**Work request**. Using the data that follows, give again word for word the lines between the one holding "Check for leaks" and the one holding "- Sitthöjd utan sits 42 cm", inclusive. Omit the pictures.

(Data extracted from a collection)
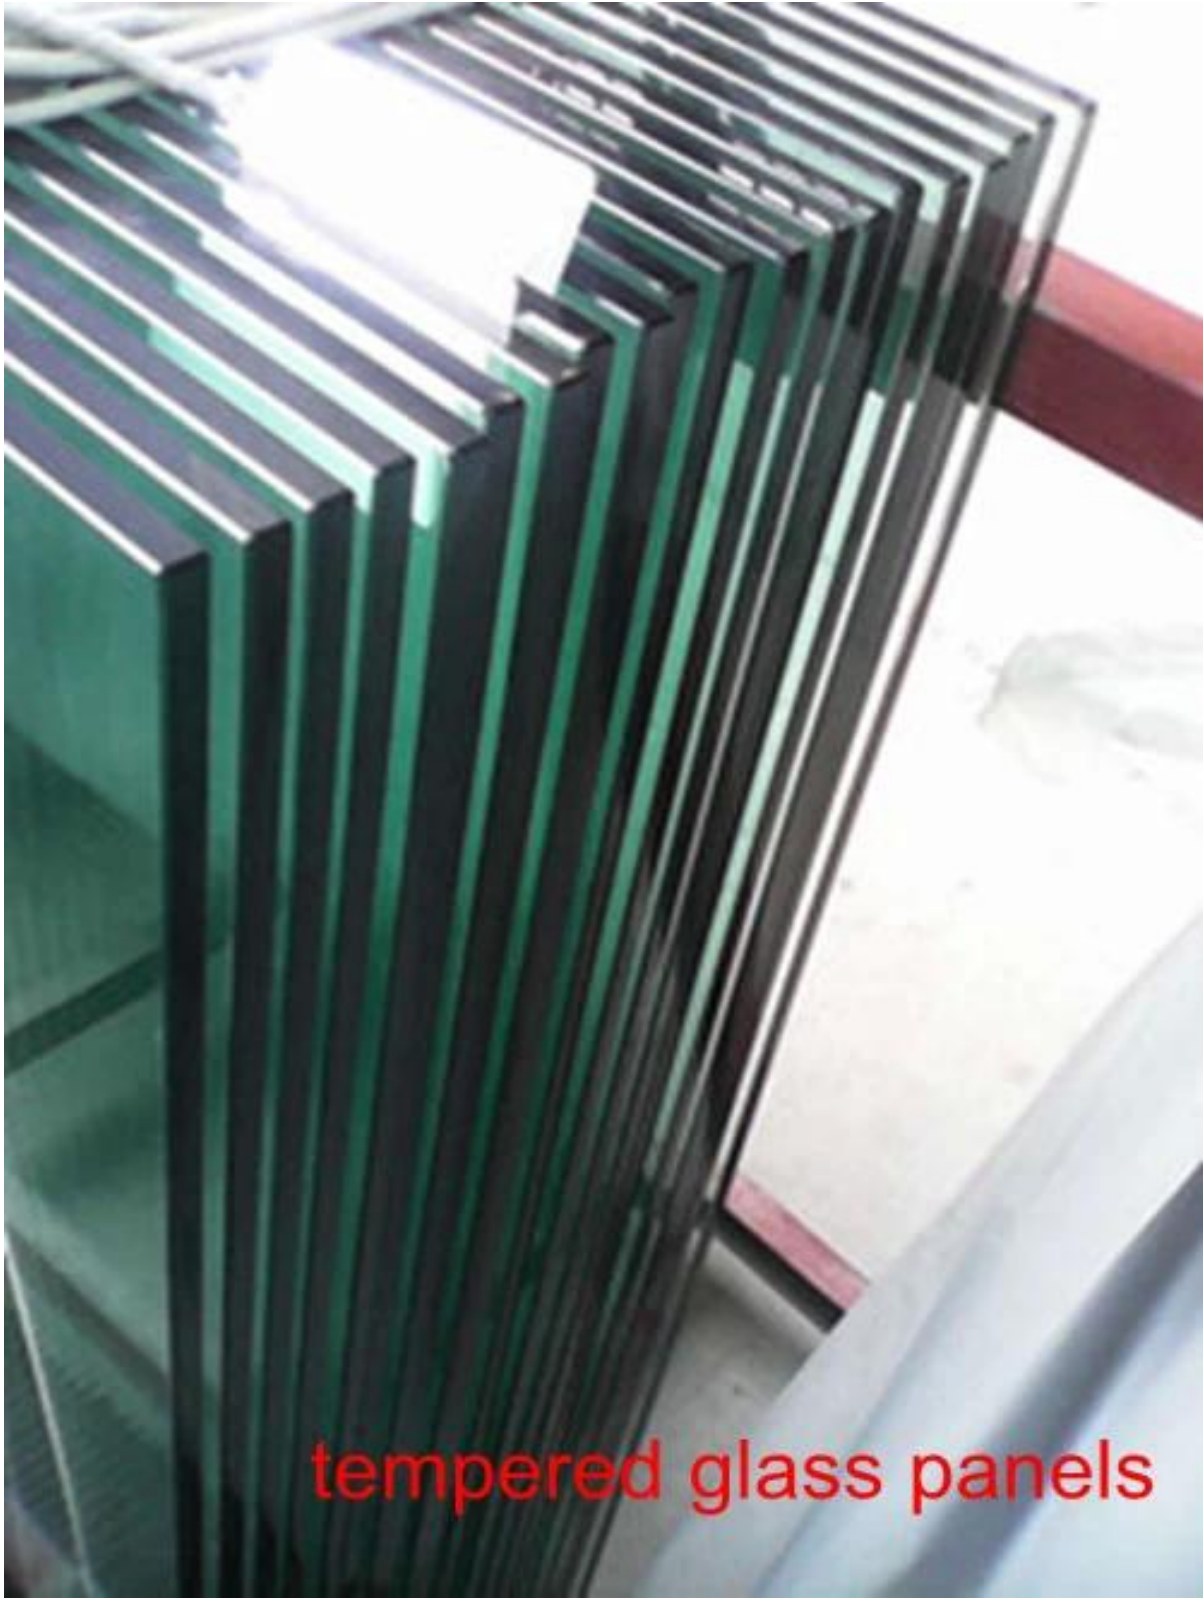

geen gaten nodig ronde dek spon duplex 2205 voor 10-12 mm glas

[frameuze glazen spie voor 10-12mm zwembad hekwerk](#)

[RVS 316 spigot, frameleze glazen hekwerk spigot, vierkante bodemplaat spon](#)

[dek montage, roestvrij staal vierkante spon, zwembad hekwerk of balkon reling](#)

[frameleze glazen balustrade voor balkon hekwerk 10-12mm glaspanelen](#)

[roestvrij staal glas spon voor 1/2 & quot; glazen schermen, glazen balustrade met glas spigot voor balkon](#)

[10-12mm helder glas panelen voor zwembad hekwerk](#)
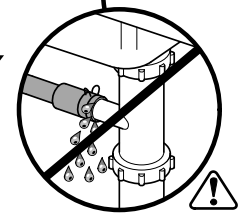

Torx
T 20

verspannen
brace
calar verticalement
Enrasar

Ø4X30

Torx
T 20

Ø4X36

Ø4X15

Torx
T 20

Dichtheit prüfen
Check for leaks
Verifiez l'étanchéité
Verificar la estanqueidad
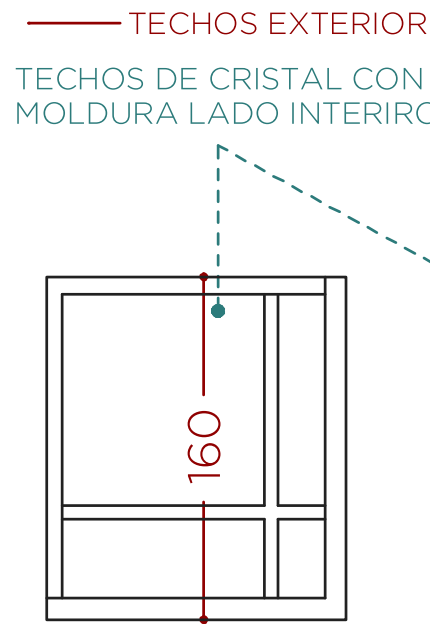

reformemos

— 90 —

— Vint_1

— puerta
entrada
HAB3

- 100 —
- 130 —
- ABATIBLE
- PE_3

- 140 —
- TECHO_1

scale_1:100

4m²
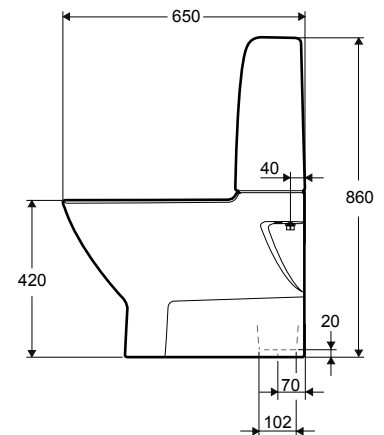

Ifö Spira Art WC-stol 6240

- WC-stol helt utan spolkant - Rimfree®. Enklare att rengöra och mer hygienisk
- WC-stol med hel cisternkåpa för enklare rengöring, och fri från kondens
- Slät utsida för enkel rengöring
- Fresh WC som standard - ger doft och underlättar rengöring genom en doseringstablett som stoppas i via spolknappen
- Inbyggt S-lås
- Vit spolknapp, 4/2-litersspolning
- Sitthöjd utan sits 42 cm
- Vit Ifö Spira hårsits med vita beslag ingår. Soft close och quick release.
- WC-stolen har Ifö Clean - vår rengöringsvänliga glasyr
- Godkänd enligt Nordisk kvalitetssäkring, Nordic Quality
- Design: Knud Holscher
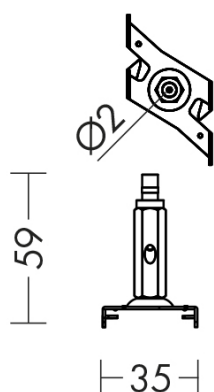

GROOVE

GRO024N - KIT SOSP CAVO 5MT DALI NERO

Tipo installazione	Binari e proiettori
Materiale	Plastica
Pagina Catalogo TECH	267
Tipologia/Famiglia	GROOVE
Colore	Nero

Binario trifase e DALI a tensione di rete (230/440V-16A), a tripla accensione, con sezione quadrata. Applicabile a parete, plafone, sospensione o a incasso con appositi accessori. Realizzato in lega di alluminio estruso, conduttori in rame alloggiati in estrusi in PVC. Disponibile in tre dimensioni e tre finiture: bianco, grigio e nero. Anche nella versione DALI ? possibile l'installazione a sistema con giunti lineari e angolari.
---
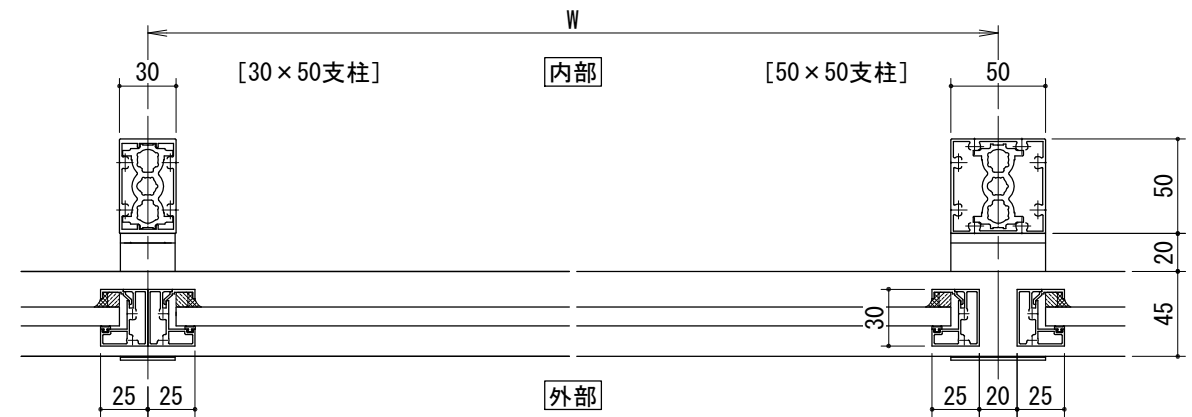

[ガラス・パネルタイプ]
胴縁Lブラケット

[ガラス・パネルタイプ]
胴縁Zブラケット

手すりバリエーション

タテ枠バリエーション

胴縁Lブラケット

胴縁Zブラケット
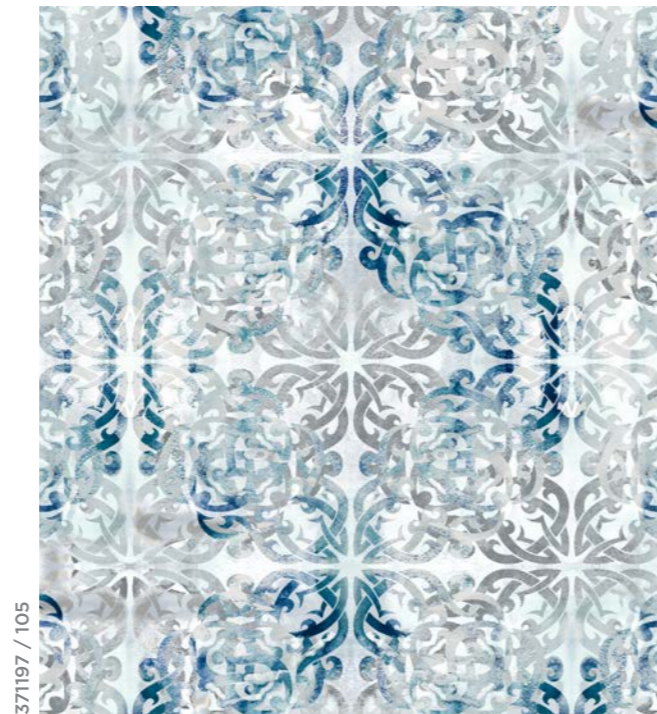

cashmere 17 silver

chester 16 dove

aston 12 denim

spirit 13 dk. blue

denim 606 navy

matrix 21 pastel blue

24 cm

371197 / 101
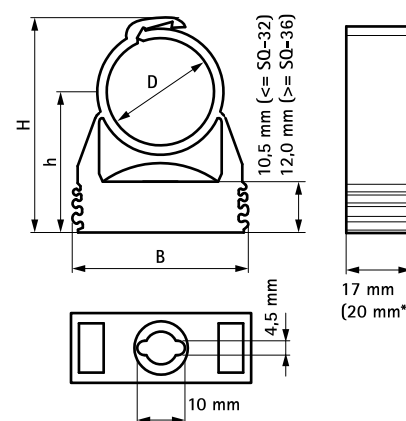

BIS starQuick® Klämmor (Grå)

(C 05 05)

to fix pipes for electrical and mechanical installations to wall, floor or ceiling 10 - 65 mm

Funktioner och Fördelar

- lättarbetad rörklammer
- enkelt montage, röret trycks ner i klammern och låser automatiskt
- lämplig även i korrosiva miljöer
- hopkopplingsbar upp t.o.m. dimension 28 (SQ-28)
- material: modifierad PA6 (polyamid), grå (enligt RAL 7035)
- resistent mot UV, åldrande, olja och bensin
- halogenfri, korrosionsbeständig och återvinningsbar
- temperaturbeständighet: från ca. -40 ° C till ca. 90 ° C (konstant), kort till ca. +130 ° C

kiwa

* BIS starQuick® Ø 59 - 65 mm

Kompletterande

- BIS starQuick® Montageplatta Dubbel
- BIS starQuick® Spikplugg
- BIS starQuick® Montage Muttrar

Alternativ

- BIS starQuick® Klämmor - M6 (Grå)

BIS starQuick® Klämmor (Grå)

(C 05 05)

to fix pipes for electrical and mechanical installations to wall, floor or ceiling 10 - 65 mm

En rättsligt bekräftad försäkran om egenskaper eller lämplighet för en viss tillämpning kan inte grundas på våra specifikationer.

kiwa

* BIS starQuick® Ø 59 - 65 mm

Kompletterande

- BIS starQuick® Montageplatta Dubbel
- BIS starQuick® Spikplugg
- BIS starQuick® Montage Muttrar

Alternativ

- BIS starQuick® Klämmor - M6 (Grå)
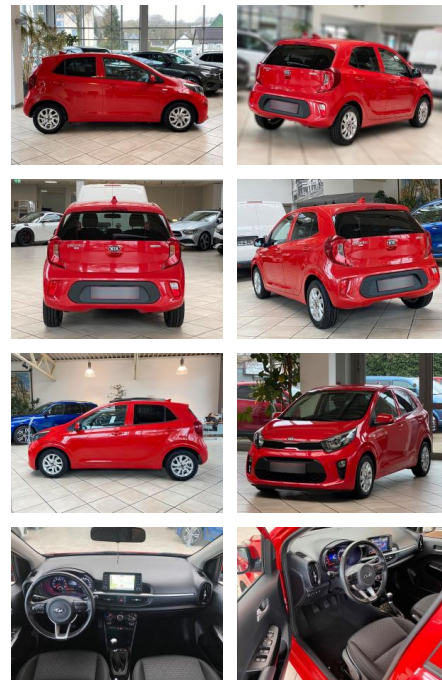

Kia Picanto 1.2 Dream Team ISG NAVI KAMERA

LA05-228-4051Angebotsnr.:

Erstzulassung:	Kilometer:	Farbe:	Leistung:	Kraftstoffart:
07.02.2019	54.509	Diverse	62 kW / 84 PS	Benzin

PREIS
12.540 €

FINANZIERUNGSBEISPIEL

**Task solution**.
Check for leaks
Verifiez l'étanchéité
Verificar la estanqueidad

reformemos

— 90 —

— Vint_1

— puerta
entrada
HAB3

- 100 —
- 130 —
- ABATIBLE
- PE_3

- 140 —
- TECHO_1

scale_1:100

4m²

Ifö Spira Art WC-stol 6240

- WC-stol helt utan spolkant - Rimfree®. Enklare att rengöra och mer hygienisk
- WC-stol med hel cisternkåpa för enklare rengöring, och fri från kondens
- Slät utsida för enkel rengöring
- Fresh WC som standard - ger doft och underlättar rengöring genom en doseringstablett som stoppas i via spolknappen
- Inbyggt S-lås
- Vit spolknapp, 4/2-litersspolning
- Sitthöjd utan sits 42 cm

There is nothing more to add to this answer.